Of the 511 children administered at least 2 screening tests, 216 (42%) had false-positive results (they failed 1 or more of the screens but were not found to have disabilities) and 219 (43%) had true-negative results (they passed all screens and were not found to have disabilities). Of the remaining 76, 44 (9%) had true-positive results (they failed 1 or more screens and had disabilities) and 32 (6%) had false-negative results (they passed all screens but had disabilities). The false-positive and false-negative rates are higher than those found in most screening test studies because they reflect the combined errors across all screens. Table 3 shows the rates for each screen. In comparing only those with 1 or more false-positive scores with those with true-negative scores, children with false-positive scores performed significantly lower on diagnostic measures of adaptive behavior (t428 = 5.56; P<.001), language (t429 = 6.96; P<.001), intelligence (t434 = 9.47; P<.001), and academic achievement (t348 = 7.57; P<.001).
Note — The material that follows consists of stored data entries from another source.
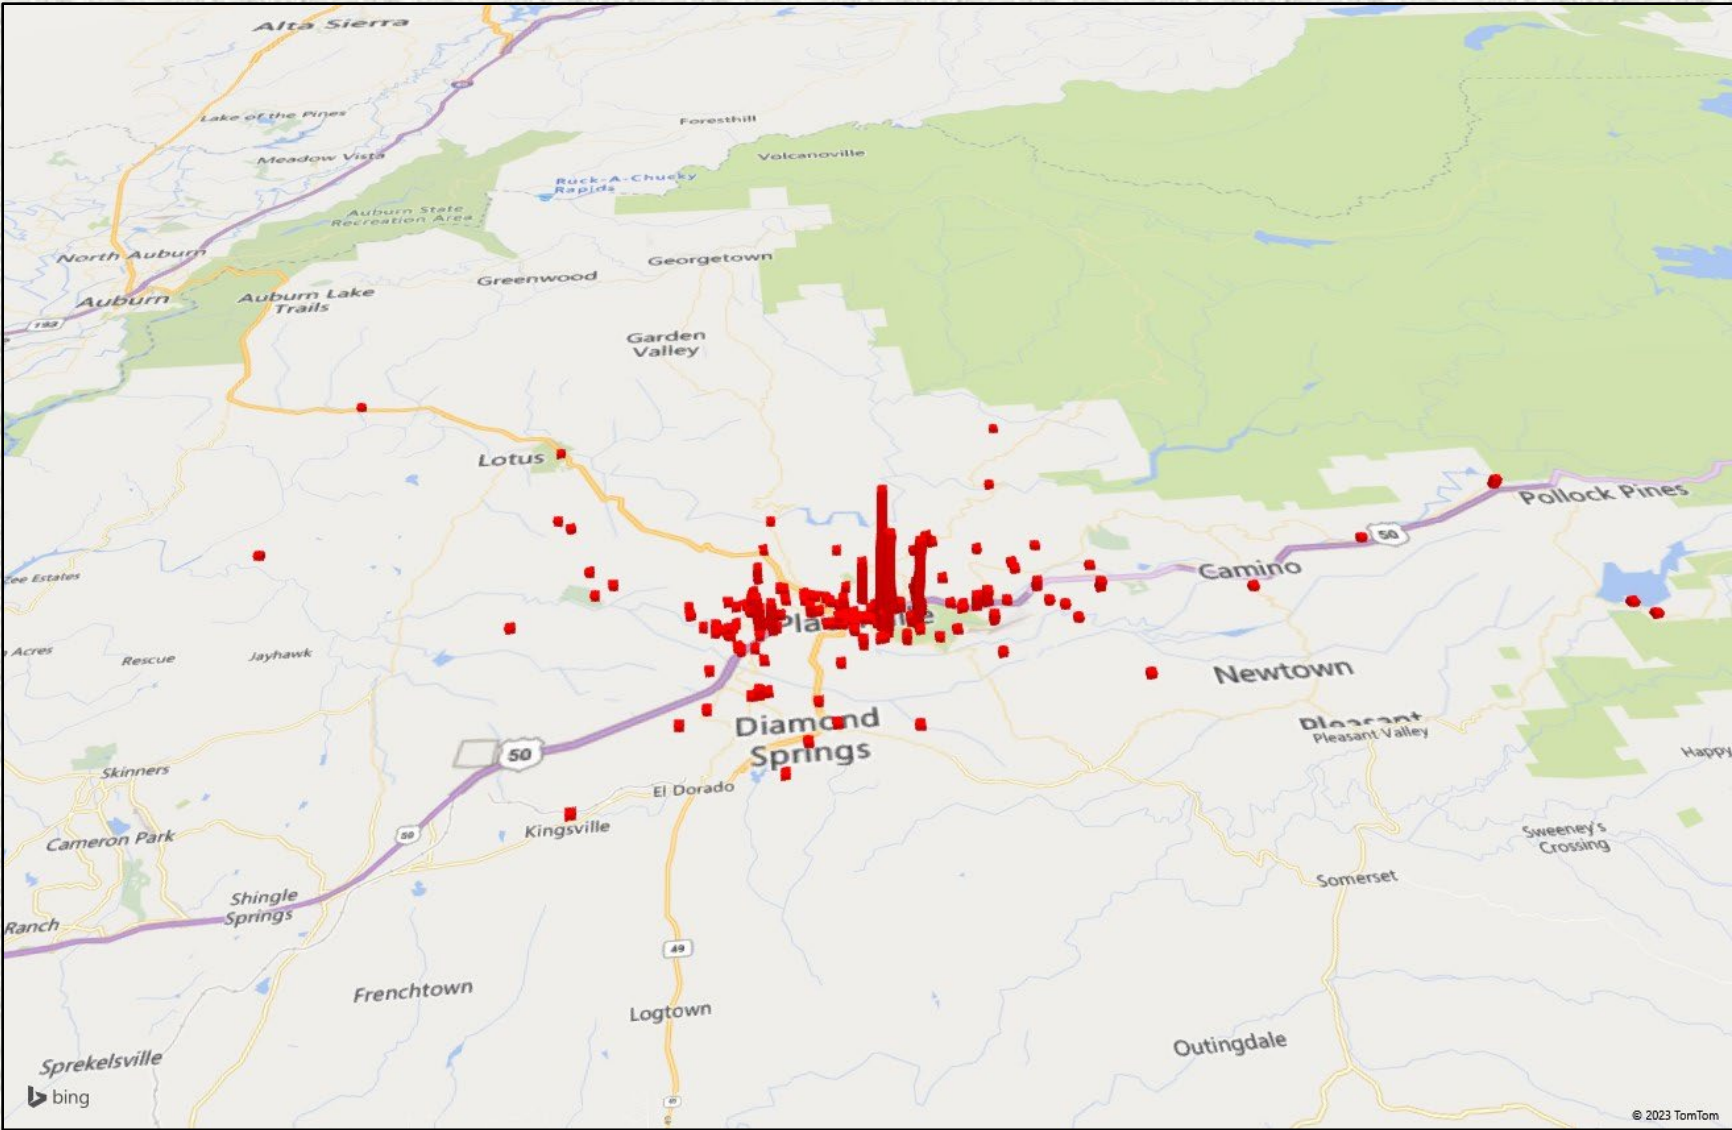

Total Responses for Engine Companies: 597

El Dorado County Fire Protection District

Total Responses for Medic Units: 950

Engine 25 Monthly Statistics Comparison

Medic 25 Monthly Statistics Comparison

Engine 25 Response Locations November 2023

Medic 25 Response Locations November 2023

The quotients produced for each measure, ie, standard scores with means of 100 and SDs of 15, averaged 9 to 14 points lower for children with false-positive scores than for children with true-negative scores (>7 points difference represents half of an SD and an ecologically significant difference in classroom performance). When viewing the likelihood of scoring below the 25th percentile on diagnostic measures (the cutoff used for placement in remedial reading and math programs under Title I), children with false-positive scores had a relative risk of 2.6 in adaptive behavior (95% confidence interval [CI], 1.67-4.21) (42% vs 19% in the true-negative group), 3.1 in language skills (95% CI, 1.90-5.20) (32% vs 11% in the true-negative group), 6.7 on intelligence tests (95% CI, 3.28-13.50) (26% vs 9% in the true-negative group), and 4.9 on academic measures (95% CI, 2.61-9.28) (35% vs 9% in the true-negative group). Overall, 70% (n = 151) of the children with false-positive results scored below the 25th percentile on 1 or more diagnostic measures, in contrast with 29% (n = 64) of the children with true-negative scores (odds ratio, 5.6; 95% CI, 3.73-8.49). Table 4 shows performance on diagnostic measures across all 4 groups.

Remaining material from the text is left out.